[Data records]

################

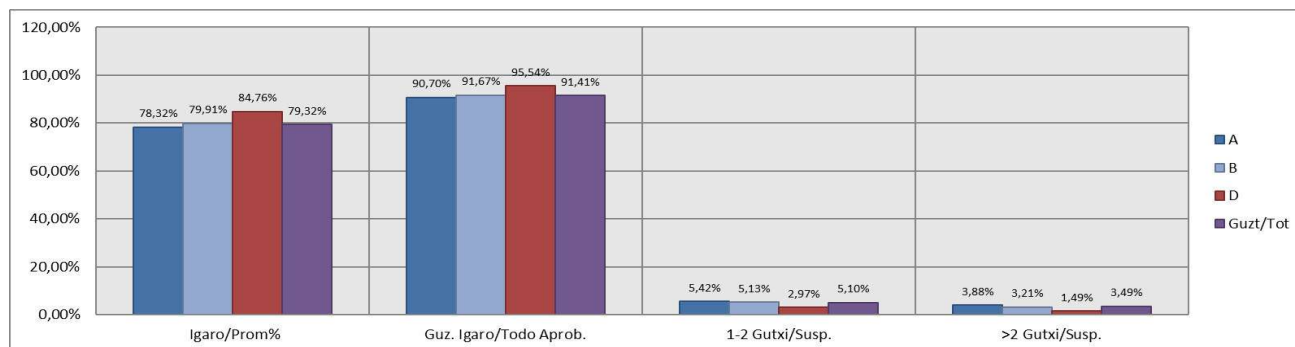

**2. Erdi-Mailako Lanbide Heziketa / 2º Formación Profesional Grado Medio
Erkidegoa / Comunidad: Pribatua/Privado**

Maila Curso	Eredu Mod.	Erkidegoa / Comunidad: Pribatua/Privado									
		Ikasleria/Alumnado			Guz. Igaro/Todo Aprob.		1-2 Gutxi/Susp.		>2 Gutxi/Susp.		
		Ebal/Eval.	Igaro/Prom	Igaro/Prom%	Zb/Nº	%	ZB/Nº	%	Zb/Nº	%	
2.ELH	A	1.753	1.373	78,32%	1.590	90,70%	95	5,42%	68	3,88%	
2.ELH	B	468	374	79,91%	429	91,67%	24	5,13%	15	3,21%	
2.ELH	D	269	228	84,76%	257	95,54%	8	2,97%	4	1,49%	
Guzt/Tot		2.490	1.975	79,32%	2.276	91,41%	127	5,10%	87	3,49%

################

Aim of the task:
Would you write out all of the data exactly as it stands, without the pictures?

Result for this exercise:
**2. Erdi-Mailako Lanbide Heziketa / 2º Formación Profesional Grado Medio
Erkidegoa / Comunidad: Pribatua/Privado**

Maila Curso	Eredu Mod.	Erkidegoa / Comunidad: Pribatua/Privado									
		Ikasleria/Alumnado			Guz. Igaro/Todo Aprob.		1-2 Gutxi/Susp.		>2 Gutxi/Susp.		
		Ebal/Eval.	Igaro/Prom	Igaro/Prom%	Zb/Nº	%	ZB/Nº	%	Zb/Nº	%	
2.ELH	A	1.753	1.373	78,32%	1.590	90,70%	95	5,42%	68	3,88%	
2.ELH	B	468	374	79,91%	429	91,67%	24	5,13%	15	3,21%	
2.ELH	D	269	228	84,76%	257	95,54%	8	2,97%	4	1,49%	
Guzt/Tot		2.490	1.975	79,32%	2.276	91,41%	127	5,10%	87	3,49%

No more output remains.